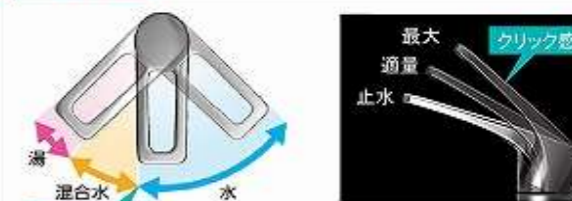

省エネ・長持ちの LED 照明

電気を使わない「くもり止めコーティング」

ミラー裏の収納部にもコンセント付で便利

水栓

シングルレバー式シャワー水栓

エコタイプ

カンタン操作でお湯や水のムダづかいをカットします。

KXS370GE-TCN

節湯 C1

ウォールキャビネット
洗面上の空間を有効活用

洗面下台 収納タイプ
2段スライドタイプ

収納物が取り出しやすい。

ミラー

1面鏡（鏡裏収納付）【LED仕様】

ミラーの裏にはたっぷりの収納スペース

便利な小物ラックとコンセントを装備。

エコタイプ 水栓なら、カンタン操作でムダをカット。

水量が最大になるのをお湯のムダ使いをカット。クリック感でお知らせ。

扉（高品位ホーロー）

グループ1

ウッディーホワイト

ウッディーミディアム

ホワイト

ピュアピンク
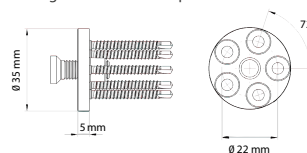

Montageset für Kunststoffprofile
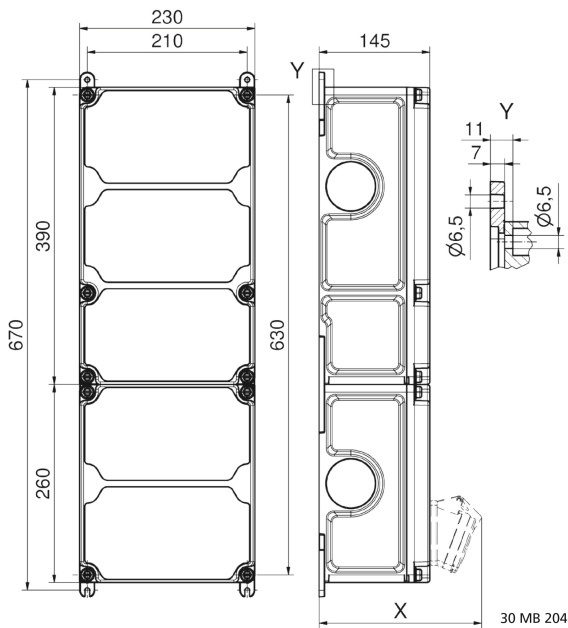

## موزع حائطي بلاستيكي الموزع كبير جدا جدا

وصف الصنف	
89124	رقم الصنف لدى
4024941206563	الرقم الدولي للصنف
الموزع كبير جدا جدا	فئة المنتج
61439	اللوائح المواصفة
44	نوع الحماية
, أعلى علبة رمادي 7035	لون الأجهزة
650	ارتفاع الأجهزة بالمليمتير
230	عرض الأجهزة بالمليمتير
145	عمق الأجهزة بالمليمتير
0.71	معامل التباين المقتن

وصف الصنف	
63	التيار الاسمي بالأمبير

البيانات اللوجيستية	
8.912	الوزن المستقل
	نوع العبوة
١	كمية المحتوى
4024941206563	الرقم الدولي للصنف
٦٩٠	الطول
٢٧٠	العرض
٢٥٥	الارتفاع
٩,٣٢٦	الوزن
٤٧,٥٠٦,٥	الحجم

Tiefenmaß/ depth X (mm)

Bezeichnung/ with	IP44	IP67
OTC-Klappe/ OTC operating window	180	180
Schutzk. Steckdose/domestic socket	162	205
CEE 16A 3p	200	200
CEE 16A 4p	204	202
CEE 16A 5p	207	205
CEE 32A 3p/4p	211	213
CEE 32A 5p	213	214
CEE 63A 3p/4p/5p	229	231
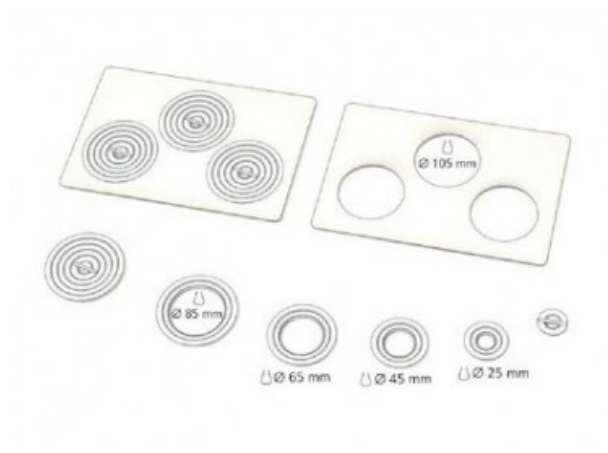

L0-10

Cod. 23.7359.99

Coperchio piatto in acciaio inox completo di set di anelli concentrici per bagni WNB/WNE/ONE 10.

Descrizione

Dati Tecnici
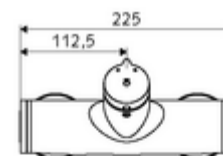

Číslo položky: 01 611 06 99

nástěnná sprchová armatura VITUS VD SC M / U smíchaná voda

Manuální spouštění s automatickým procesem uzavření. Jednoduché nastavení doby chodu. Sprchová přípojka spodní.

obsah balení

- samouzavírací nástěnná sprchová armatura
  - Samouzavírací knoflík SC-M
  - samouzavírací kartuše SC II s omezoavčem horké vody
  - 2 zpětné klapky RV (EN 1717: EB)
- 2 S-přípojky a rozety (hloubkově nastavitelné)

technické údaje

- doba: 5 - 30 s nastavitelné
- Max. provozní teplota: 70 °C (80 °C pro termickou dezinfekci)
- materiál: Tělo mosaz s atestem pro pitnou vodu
- povrch: chrom
- Přípojka: 2x DN 15 G 1/2 vnější závit
- Vývod: DN 15 G 1/2 vnější závit (dole)
- Zertifikate: PA-IX 38241/IB, Belgaqua
- třída hluku: I
- třída průtoku: B

údaje o dodání

- hmotnost: 3,76 kg/kus
- jednotka balení: 1

doporučené příslušenství

S-připojovací sada s předuzávěrem	obj. č.: 23 775 00 99	
Sprchová sada 900	obj. č.: 29 207 06 99	nebo
Sprchová sada 680	obj. č.: 29 208 06 99	nebo
	obj. č.: 29 239 00 99	nebo
	obj. č.: 29 240 00 99	nebo

****

◆ **PROBLEM**:
Leaving out only the pictures, retype every record exactly.

◆ **OUTPUT**:
省エネ・長持ちの LED 照明

電気を使わない「くもり止めコーティング」

ミラー裏の収納部にもコンセント付で便利

水栓

シングルレバー式シャワー水栓

エコタイプ

カンタン操作でお湯や水のムダづかいをカットします。

KXS370GE-TCN

節湯 C1

ウォールキャビネット
洗面上の空間を有効活用

洗面下台 収納タイプ
2段スライドタイプ

収納物が取り出しやすい。

ミラー

1面鏡（鏡裏収納付）【LED仕様】

ミラーの裏にはたっぷりの収納スペース

便利な小物ラックとコンセントを装備。

エコタイプ 水栓なら、カンタン操作でムダをカット。

水量が最大になるのをお湯のムダ使いをカット。クリック感でお知らせ。

扉（高品位ホーロー）

グループ1

ウッディーホワイト

ウッディーミディアム

ホワイト

ピュアピンク

Montageset für Kunststoffprofile

## موزع حائطي بلاستيكي الموزع كبير جدا جدا

وصف الصنف	
89124	رقم الصنف لدى
4024941206563	الرقم الدولي للصنف
الموزع كبير جدا جدا	فئة المنتج
61439	اللوائح المواصفة
44	نوع الحماية
, أعلى علبة رمادي 7035	لون الأجهزة
650	ارتفاع الأجهزة بالمليمتير
230	عرض الأجهزة بالمليمتير
145	عمق الأجهزة بالمليمتير
0.71	معامل التباين المقتن

وصف الصنف	
63	التيار الاسمي بالأمبير

البيانات اللوجيستية	
8.912	الوزن المستقل
	نوع العبوة
١	كمية المحتوى
4024941206563	الرقم الدولي للصنف
٦٩٠	الطول
٢٧٠	العرض
٢٥٥	الارتفاع
٩,٣٢٦	الوزن
٤٧,٥٠٦,٥	الحجم

Tiefenmaß/ depth X (mm)

Bezeichnung/ with	IP44	IP67
OTC-Klappe/ OTC operating window	180	180
Schutzk. Steckdose/domestic socket	162	205
CEE 16A 3p	200	200
CEE 16A 4p	204	202
CEE 16A 5p	207	205
CEE 32A 3p/4p	211	213
CEE 32A 5p	213	214
CEE 63A 3p/4p/5p	229	231

L0-10

Cod. 23.7359.99

Coperchio piatto in acciaio inox completo di set di anelli concentrici per bagni WNB/WNE/ONE 10.

Descrizione

Dati Tecnici

Číslo položky: 01 611 06 99

nástěnná sprchová armatura VITUS VD SC M / U smíchaná voda

Manuální spouštění s automatickým procesem uzavření. Jednoduché nastavení doby chodu. Sprchová přípojka spodní.

obsah balení

- samouzavírací nástěnná sprchová armatura
  - Samouzavírací knoflík SC-M
  - samouzavírací kartuše SC II s omezoavčem horké vody
  - 2 zpětné klapky RV (EN 1717: EB)
- 2 S-přípojky a rozety (hloubkově nastavitelné)

technické údaje

- doba: 5 - 30 s nastavitelné
- Max. provozní teplota: 70 °C (80 °C pro termickou dezinfekci)
- materiál: Tělo mosaz s atestem pro pitnou vodu
- povrch: chrom
- Přípojka: 2x DN 15 G 1/2 vnější závit
- Vývod: DN 15 G 1/2 vnější závit (dole)
- Zertifikate: PA-IX 38241/IB, Belgaqua
- třída hluku: I
- třída průtoku: B

údaje o dodání

- hmotnost: 3,76 kg/kus
- jednotka balení: 1

doporučené příslušenství

S-připojovací sada s předuzávěrem	obj. č.: 23 775 00 99	
Sprchová sada 900	obj. č.: 29 207 06 99	nebo
Sprchová sada 680	obj. č.: 29 208 06 99	nebo
	obj. č.: 29 239 00 99	nebo
	obj. č.: 29 240 00 99	nebo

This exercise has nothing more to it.